Bobby looked at me like he believed it.
9:15 AM
The teachers were having a meeting in there and didn’t want us around. Principal Dendoss looked really upset. Her wrinkle-free, lime-green polyester pantsuit was, somehow, wrinkled. Apparently almost no students showed up yesterday either. Worse, it was pretty much the same story throughout the whole district.
My fifth-period biology teacher, Mr. Craig, asked what the district was going to do about it, but Ms. Dendoss didn’t answer. She just told Mr. Craig to shut up, to shut his trap. Then she told Bobby and me that we weren’t supposed to be there. They were having a private meeting. Students should be in class, not in the office. Bobby apologized but he stayed where he was. He still looked like he was going to cry. Standing there in his sweater vest, rubbing his acne-covered chin like he’d just gotten punched, he managed to stand his ground.

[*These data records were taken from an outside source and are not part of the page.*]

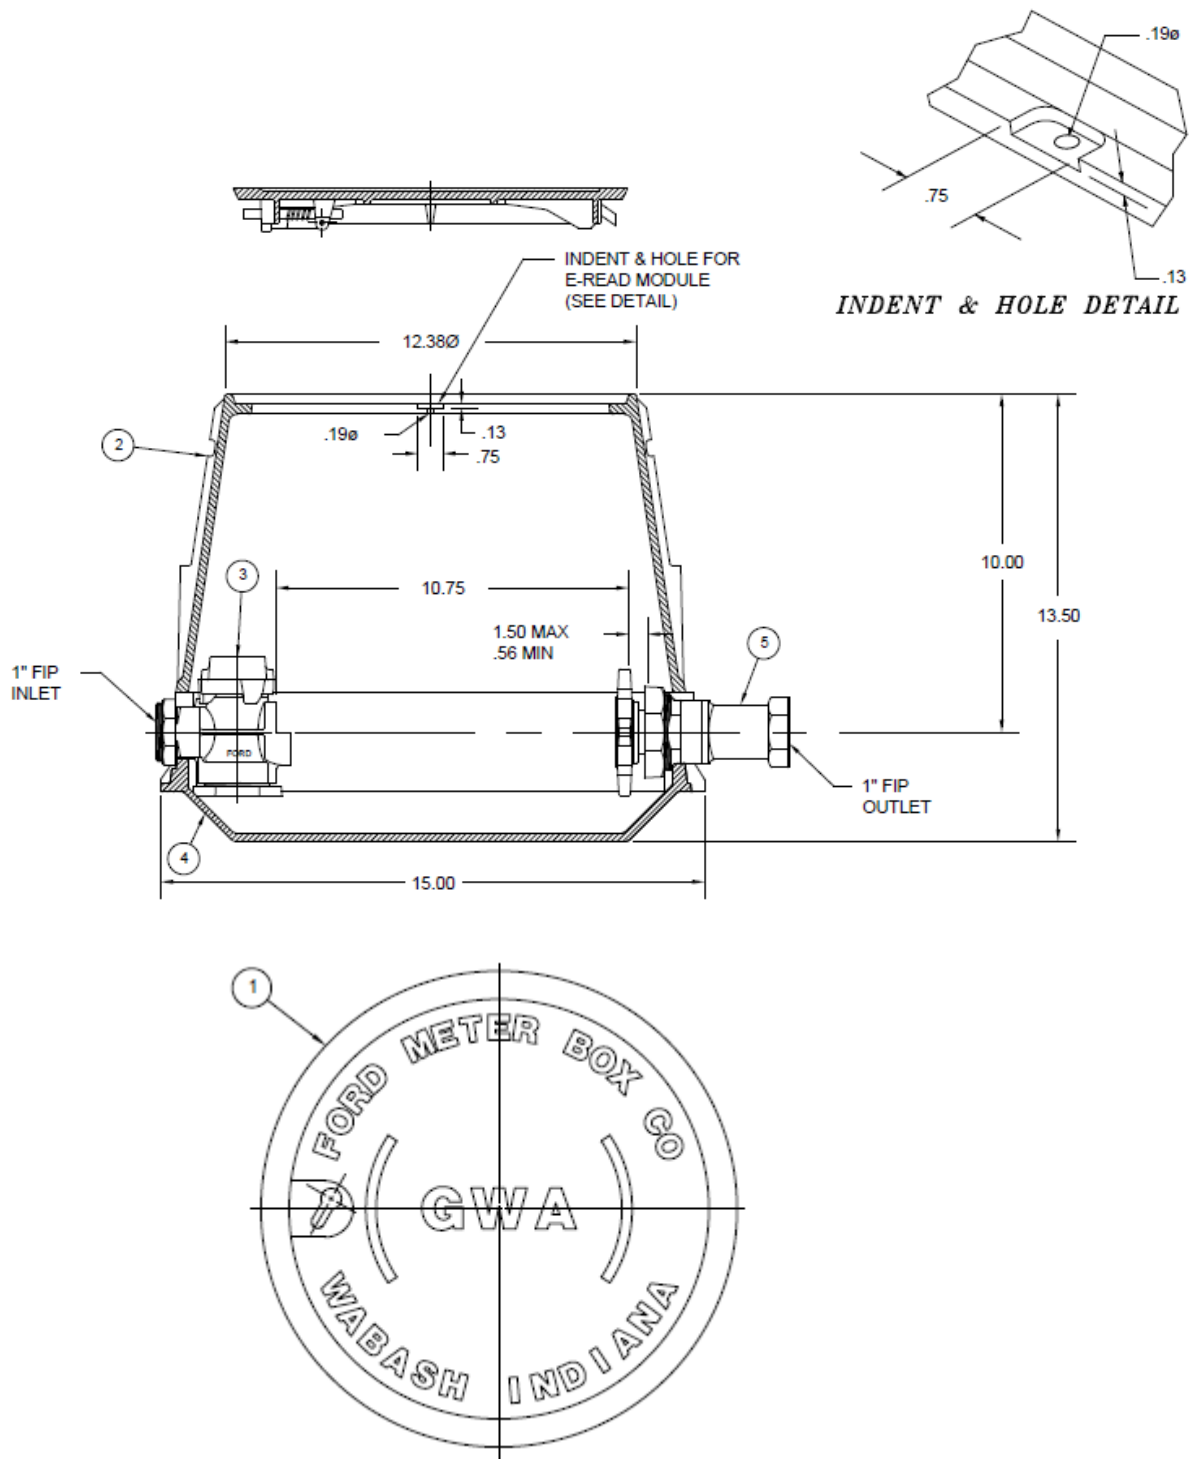

Attachment 1

3/4x5/8 Meter Box

Meter Box Code: IA44-233-95062-022NL

Ford Meter Box Co: IA 5/8"x3/4" Meter Box

Attachment 1

1" Meter Box

Meter Box Code: YL111-444-GUAM-NL

Ford Meter Box Co: GWA 1" circular box

Attachment 1

1½" and 2" Box are the same only the fittings change.

Meter Box code number: FPMB-7-C15420-000-NL

Ford Meter Box Co: Protector Meter Box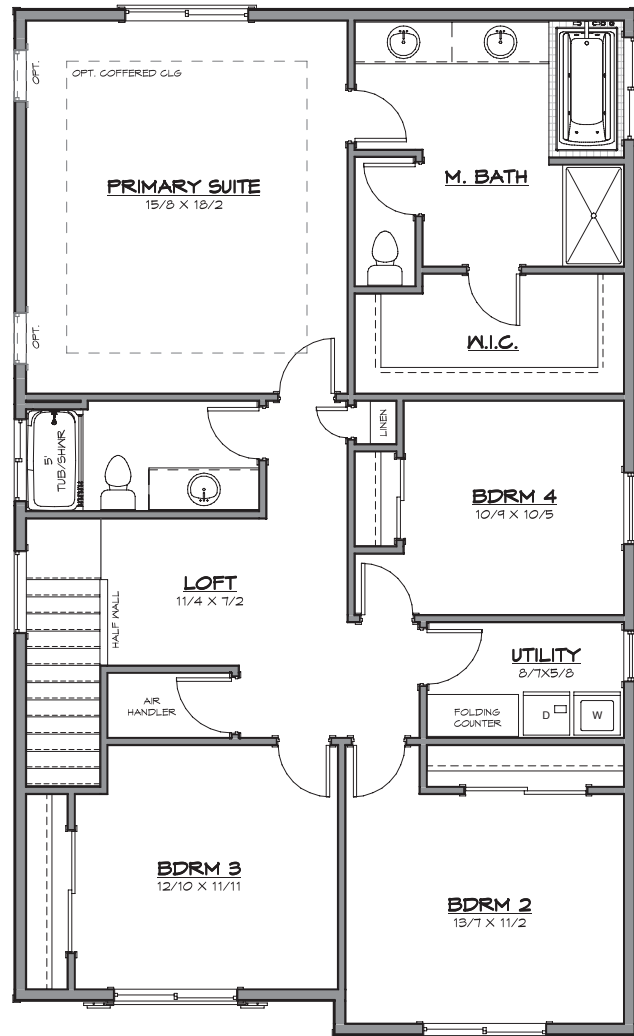

GENERATION HOMES
N O R T H W E S T

The Medford

2365

- 2021 Building Excellence Award "Best New Home 750k-1M"
- 2021 New Homes Tour "Best of Show Under 750k"
- 2021 Clark County BIA Building "Excellence Award"
- 2021 Parade of Homes "Industry Choice" and People's Choice" Award
- 2019 Building Excellence Award "Best New Home \$800k-\$1M"
- 2018 New Homes Tour "Most Livable Floor Plan"

GENERATION HOMES
N O R T H W E S T

Total SqFt: 2365

Bathrooms: 2.5

Bedrooms: 4

Garage: 2-car

“I’m sorry, Ms. Dendoss,” he said, “I’m sorry, but the door to my class is locked. Where am I supposed to go? Is school canceled?”
“Yeah, Kelly,” Mr. Craig said. “Is school canceled? Where are we supposed to go?”

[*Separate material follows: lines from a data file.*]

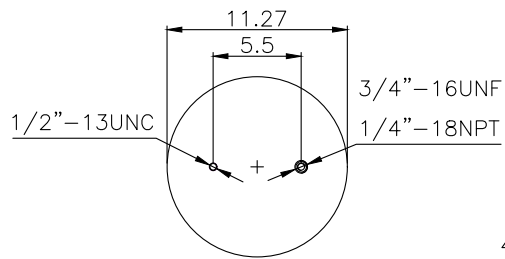

Product ID: 161117

Weight: 11,65kg (25,63lbs)

QIP (pcs): 30

OEM Ref.

Dayton 352-9122
Hendrickson S3467 / S3830 / 36514-2 /
36514-8 / S12514-010 /
S12514-008 / S12437
Loadguard SC2098
Navistar/ Fleetrite 1681748C1 / FLT1R13038
Reyco 12883-02
Ridewell 1003589122C
SAF HOLLAND (Neway) 90557071 / 90557076 /
90557077 / 90557020 /
90557185
Volvo 85101163
Watson & Chalin AS-0023

CROSS Ref.

Contitech 1110.5-21 A 313
Firestone 1T19F-11 / 1T19L-11
Firestone Part No W01-358-9122 / 8792
Goodyear 1R14-045 / -038 / -048
Automann 1D28C-9122
Taurus 6366
Triangle 8313
Fleet Pride AS9122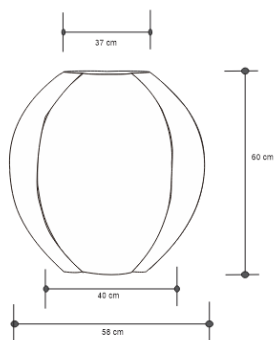

TOPO SIDE TABLE Drinks Tables

DESIGN By Qoqet

Front View

Top View

Dimensions (mm)

59.52W x 22.00D x 23.25H

Dimensions (Inches)

59.52W x 22.00D x 23.25H

Explore this artistically shaped side table, handcrafted from hammered brass with no visible seams or welding, featuring an Angola granite top. This impressive piece seamlessly blends craftsmanship with a luxurious aesthetic, enhancing interior settings with sophistication and style.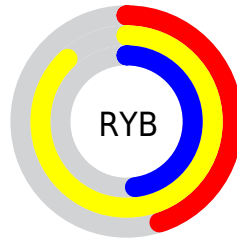

Details

The XYZ color **58.3654, 69.3008, 26.5199** is a light color, and the websafe version is hex **CCCC66**. A complement of this color would be **27.6138, 21.7826, 73.2742**, and the grayscale version is **61.2011, 64.3884, 70.1189**.

A 20% lighter version of the original color is **84.1614, 95.6446, 51.5616**, and **29.5824, 36.2084, 10.1324** is the 20% darker color. If you saturate the color by 10%, you get **56.8045, 68.6297, 20.5168**, and if you desaturate by 10%, it is **60.2466, 70.1054, 34.1754**.

Distribution

Red (85%)

Green (88%)

Blue (45%)

Red (45%)

Yellow (88%)

Blue (48%)

Cyan (3%)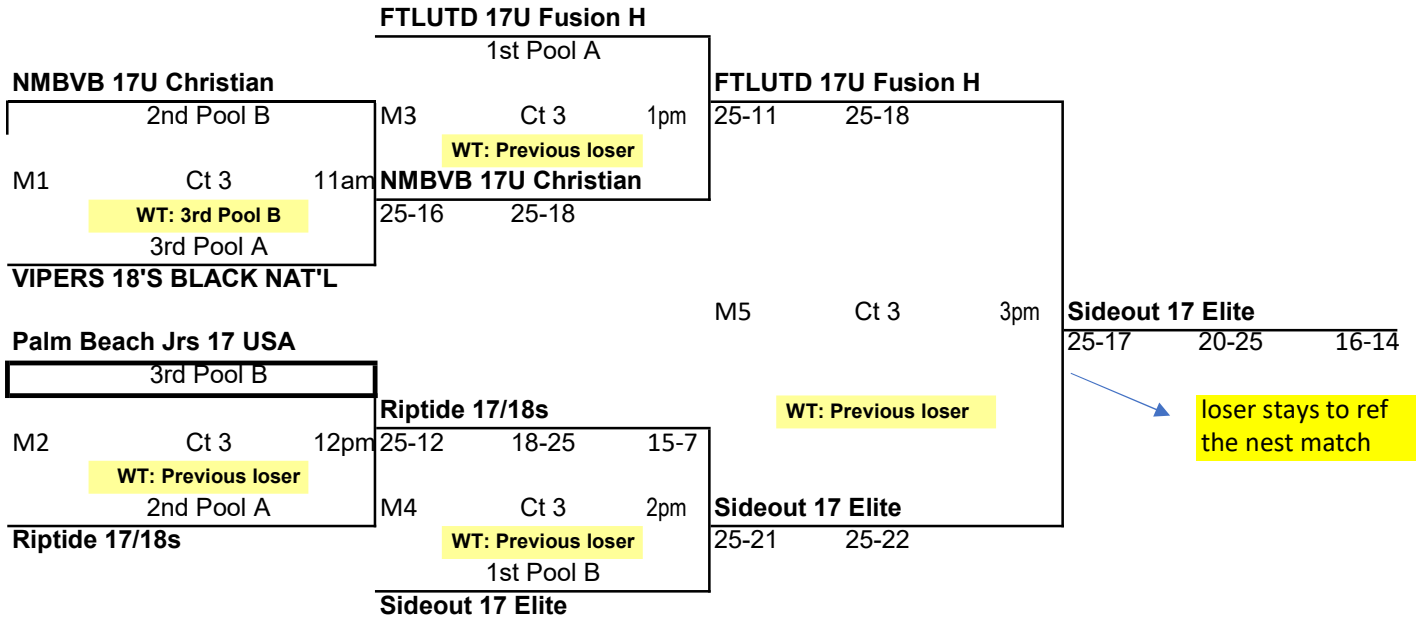

2025 WINTER CLASSIC

February 1-2, 2025

17/18's

POOL: <b>A</b> LOCATION: <b>Pick A Ball</b> COURT: <b>3</b>										Point %	Game %	Matches		Games		Place
												Won	Lost	Won	Lost	
1 Riptide 17/18s										0.926	0.500	1	1	3	3	2
2 VIPERS 18'S BLACK NAT'L										0.740	0.000	0	2	0	6	3
3 FTLUTD 17U Fusion H										1.485	1.000	2	0	6	0	1
<i>This Pool plays 3 sets to 25 points</i>																
Day/Ct	SAT 3		SAT 3		SAT 3						Day/Ct					
Time	8:00 AM		9:30 AM		11:00 AM						Time					
Match	1 vs 3 R:2		2 vs 3 R:1		1 vs 2 R:3						Match					
Gm 1	18	25	13	25	25	23					Gm 1					
Gm 2	15	25	16	25	25	14					Gm 2					
Gm 3	17	25	22	25	25	23					Gm 3					

**POOL A**

**COURT 3**

POOL: <b>B</b> LOCATION: <b>Pick A Ball</b> COURT: <b>3</b>										Point %	Game %	Matches		Games		Place
												Won	Lost	Won	Lost	
1 Sideout 17 Elite										2.308	1.000	2	0	6	0	1
2 Palm Beach Jrs 17 USA										0.669	0.167	0	2	1	5	3
3 NMBVB 17U Christian										0.748	0.333	1	1	2	4	2
<i>This Pool plays 3 sets to 25 points</i>																
Day/Ct	SAT 3		SAT 3		SAT 3						Day/Ct					
Time	12:20 PM		2:00 PM		3:30 PM						Time					
Match	1 vs 3 R:2		2 vs 3 R:1		1 vs 2 R:3						Match					
Gm 1	25	12	21	25	25	6					Gm 1					
Gm 2	25	11	22	25	25	9					Gm 2					
Gm 3	25	11	25	23	25	16					Gm 3					

**POOL B**

**COURT 3**

2025 WINTER CLASSIC

February 1-2, 2025

17/18's

GOLD @ Pick A Ball

Revised times

If you are in box you ref before you play  
Losers must stay and ref the next match

Ms. Dendoss didn’t answer but scowled at both of them, and then lifted the piece of paper she was holding over her head.
“I have a statement from the district, Todd, but I can’t read it in front of students.”
“Come on, Kelly,” Mr. Craig said. But Ms. Dendoss shook her head no, and then said it again.
“This is a private meeting,” she said. “Please leave.”
“Where? Where am I supposed to go?” Bobby asked. His voice was whiny, but defiant too.
“He has a point,” I said.
“Go home,” Ms. Dendoss decided.
Bobby wouldn’t budge. He didn’t want to go home because he’d have to try to explain his early return to his mom and because he didn’t want to be marked down as truant. He gave both reasons. Ms. Dendoss and Bobby went back and forth on the truancy question for awhile, and finally she asked him where he did want to go. When he said he didn’t know, that he wanted to go to social studies but the door was locked, she looked like she was going to kill him.
“Open up the computer lab,” I said. “We can hang out there until you guys figure it out.”